Many times people write comments like this:

/*********************************/
Next paragraph

or similar. That would be found as a jsDoc, even though it is not. Also, some known transformation engines use more advanced logic for keeping jsDoc comments, based on certain attributes set within the jsDoc block. There is no common ground here, it seems, unlike /*! - the only well known keep-comment block.

Another issue - the origin of the parameter. Parameter safe means safe comment removal, while preserving what is a known keep-comment block. Keep-comment opening /*! isn't something invented by this library, it is a standard de facto. Its name and meaning were borrowed from library strip-comments, and it is supported by many environments and utilities.

In case you wonder why rewriting the library in the first place. I found too many examples where strip-comments doesn't work, plus terrible performance. Something is wrong with its implementation, and fixing it seemed more difficult than writing one of my own. Even its gulp version gulp-strip-comments was later changed to use my library instead, for the same reasons.

With all above said, I really want to keep the protocol clean, with the needed minimum.

itslenny commented 8 years ago

First, your module is by far the best solution for comment removal so thanks for making it.

JsDoc is specifically /\ not /*\ (or more).

See here: http://usejsdoc.org/about-getting-started.html

However, just adding JSDocs support doesn't seem flexible enough to me (especially considering differing opinions on what constitutes JSDocs).

So, what would you prefer for a means to preserve other types of comments?

vitaly-t commented 8 years ago

So, what would you prefer for a means to preserve other types of comments?

I wonder how really this is necessary. The way the library is now, it has taken far away from other implementations already. I will think about it.

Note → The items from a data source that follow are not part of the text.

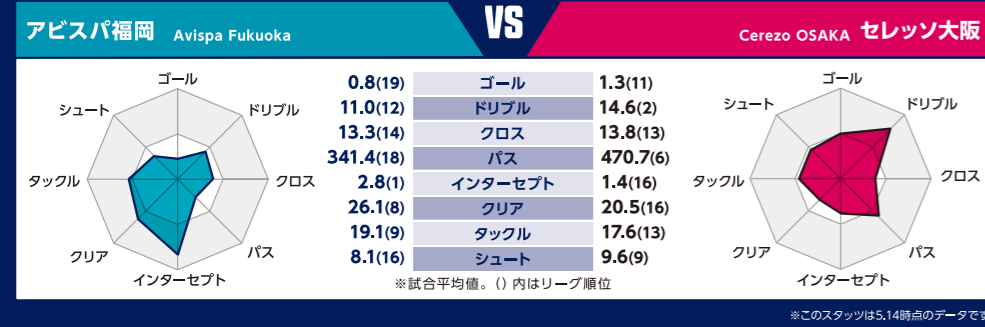

AVISPA PLAYER

アビスパ福岡

監督	長谷部 茂利	6	MF	前 寛之	
1	GK	永石 拓海	7	MF	金森 健志
31	GK	村上 昌謙	8	MF	紺野 和也
41	GK	坂田 大樹	14	MF	田中 達也
51	GK	菅沼 一晃	25	MF	北島 祐二
2	DF	湯澤 聖人	30	MF	重見 航斗
3	DF	奈良 竜樹	35	MF	平塚 悠知
4	DF	井上 聖也	88	MF	松岡 大起
5	DF	宮 大樹	9	FW	シャハブ ザヘディ
16	DF	小田 逸稀	10	FW	城後 寿
19	DF	亀川 諒史	13	FW	ナッシュム ベン カリファ
29	DF	前嶋 洋太	17	FW	ウエリントン
33	DF	ドウグラス グローリ	18	FW	岩崎 悠人
37	DF	田代 雅也	27	FW	佐藤 凌我
44	DF	森山 公弥	28	FW	鶴野 怜樹
47	DF	橋本 悠			

AWAY TEAM PLAYER

セレッソ大阪

監督	小菊 昭雄	8	MF	香川 真司	
1	GK	ヤン ハンビン	10	MF	田中 駿汰
21	GK	キム ジンヒョン	11	MF	ジョルディ クルクス
31	GK	清水 圭介	13	MF	清武 弘嗣
45	GK	イシボウ 拳	17	MF	阪田 滯哉
2	DF	毎熊 晟矢	19	MF	菊田 大貴
3	DF	進藤 亮佑	25	MF	奥埜 博亮
6	DF	登里 享平	27	MF	カビシャバ
14	DF	松木 翔	48	MF	柴山 昌也
16	DF	奥田 勇斗	77	MF	ルカス フェルナンデス
23	DF	山下 達也	9	FW	レオ セアラ
24	DF	鳥海 晃司	34	FW	山田 寛人
28	DF	ジャスティン ハブナー	35	FW	渡邊 りょう
33	DF	西尾 隆矢	38	FW	北野 颯太
4	MF	平野 佑一	47	FW	古山 兼悟
5	MF	喜田 陽	55	FW	ヴィトール ブエノ
7	MF	上門 知樹			

MATCH ANALYSIS

STADIUM GOURMET

※全て税込価格

- 19 ジェリーズ ポップコーン (レギュラーサイズ) ¥500
- 7 はかたの桜華 ¥500
- 24 チキン&ベジタブルSunAo ¥800
- 32 ICHIYU 博多豚骨焼きラーメン ¥750
- 35 絵里加 鶏大福 ¥600

ウマウマ 縁日開催!

お子様向けアトラクション登場!!

●犬人も子どもも参加OK!

●子ども限定

●ウマウマわなげ

●ウマくあてて!キックターゲット

●うまい棒つかみ

●ウマくとめて!8.8秒チャレンジ

時間: 13:00~キックオフまで

場所: (MAP) イベント広場

EVENT Time Schedule

- 13:00 スタジアムグルメ(一部店舗除く)&各種ブースオープン
- 13:00 ステージイベントスタート(イベント広場) MAP
- 13:30 先行入場
- 13:45 一般入場
- 14:10頃 選手バス到着(正面玄関) MAP
- 15:15 ウォーミングアップ開始(ピッチ)
- 15:58 選手入場
- 16:03 キックオフ
- 18:00 試合終了 (勝利時) ヒーローインタビュー・博多手一本

2024season AVISPA FUKUOKA OFFICIAL GOODS

グッズはMAP内のHで販売いただけます。

「試合日限定のマッチデーアイテムを販売!」

- 勝利時のみ販売: アビスパ福岡 [ガチャ]勝利アクリルキーホルダー 価格:500円(税込)
- NEW: [アビスパ福岡] ガーランド全選手 [ガチャ]勝利アクリルキーホルダー 価格:1,650円(税込)
- NEW: 前髪クリップ(2個セット) 価格:1,210円(税込)
- NEW: マッチデーアイテム: マフラーキーホルダー 価格:880円(税込)
- NEW: ペアキーホルダー 価格:1,980円(税込)
- NEW: [ガチャ]選手ネームキーホルダー(全29種) 価格:500円(税込)

AVIGO AVISPA FUKUOKA OFFICIAL FAN CLUB

2024シーズン アビスパ福岡

つながるアクリルキーホルダー 1回 ¥500

※写真はイメージです。

ピッチサイド練習見学 感動体験!

当日参加者受付中!!

アウェイサポーター歓迎!

※参加申込・お支払い場所: イベント広場内ファンクラブブース

1. ### バックスタンドエリア
1. MaNa KEBAB
  2. COCO GELATO
  3. 走れ!サンドイッチ少年
  4. ベトナム料理シンチャオ
  5. つづみ団子
  6. naruheso tanma+Blue Roof
  7. はかたの桜華
  8. くりーむみくくす本舗
  9. ウエスト
  10. 富士企画
  11. ふくや
  12. 鉄板焼 仁
  13. 肉のうめぜん
  14. 中華のつつむ
  15. 富士企画
  16. Charlie's Curry
  17. とり良
  18. ドイスラゴス
3. ### モニュメント広場
1. OFFSHORE VILLAGE
  2. 糸島フルーツパーラー
  3. チキン&ベジタブル SunAo
  4. 生たこ焼き屋 Amyu's
5. ### メインスタンド
1. スタジアムグルメABC
  2. ミスターケバブ
  3. 夢屋台
7. ### 場内コンコース(メイン側)
1. 富士企画
  2. ぐるぐるスライスのピリヤニ屋さん
  3. 肉のうめぜん
  4. ICHIYU
  5. TRESOL
  6. はかたの桜華
  7. 絵里加

完全キャッシュレス!

スタグル店舗の詳細はこちら

アルコール飲料販売店舗マークです

ビールは全店舗共通価格です。 [545cc] ¥700 | [660cc] ¥800 | [760cc] ¥900

AVIGO AVISPA FUKUOKA OFFICIAL FAN CLUB

バススタ内スタグル全店舗

※飲食売店全店舗はキャッシュレス決済(クレジットカード・電子マネー・QR決済)のみ利用可能です。現金購入はできません。

※キャッシュレス決済ご利用が難しい方は現金チャージ可能な「Jプリカ」が便利です。「Jプリカ」はMAP内のKで販売いたします。

「スタジアム実況配信サービス」実施!

配信開始15:50頃

試合解説を聴きながら試合をお楽しみいただけるサービス!DAZNで配信される実況・解説音声をお手持ちのスマートフォンやタブレットでタイムラグなしでお聴きいただけます。試合内容がより分かる状況で観戦ができますので、初めてスタジアムに来た方などにもおすすめのサービスです。

※スタジアムエリア限定配信 ※イヤホンは各自ご持参ください

itslenny commented 8 years ago

The way the library is now, it has taken far away from other implementations already.

I'm not sure why this would necessarily be a bad thing. I'm not saying it's good either just that it shouldn't really matter what other implementations are doing especially since this change doesn't break anything and just adds a little more flexibility.

If you'd like I could add a new option preserve (or another name if you prefer) that would be separate from safe.

However, I prefer the way I implemented it because safe still works as-is, but you can optionally change the definition of what constitutes a "safe comment" and the code to handle the safe comment is basically the same as you had it before (just using a RegExp instead of indexOf).

vitaly-t commented 8 years ago

I haven't forgotten about this, still thinking. Actually, I was quite busy with a related issue...

I needed to minify PostgreSQL scripts, and tried to add support for that into the decomment. After some trials I realized it's all turning into a mess, and rolled it all back.

Instead, I wrote pg-minify, and glad that I made it all seperate, because for SQL it is all so much simpler and cleaner :)

vitaly-t commented 8 years ago

Doesn't look like it is going to happen. Instead, there is now option ignore that lets you implement the same kind of behavior, if you can write a regEx that identifies jsDoc blocks.

vitaly-t commented 8 years ago

@itslenny Further improvements have been made in version 0.8.4

Now you can also find in the option's documentation how to isolate jsDoc comments, which is precisely what you wanted:

{ignore: /\/\*\*([^\*]*(\*[^\/])?)*\*\//g}

see option ignore.

vitaly-t commented 8 years ago

@itslenny I have updated the documentation for option ignore: the regex for detecting jsDoc blocks now includes the rule that says /** must be followed by one or more line break.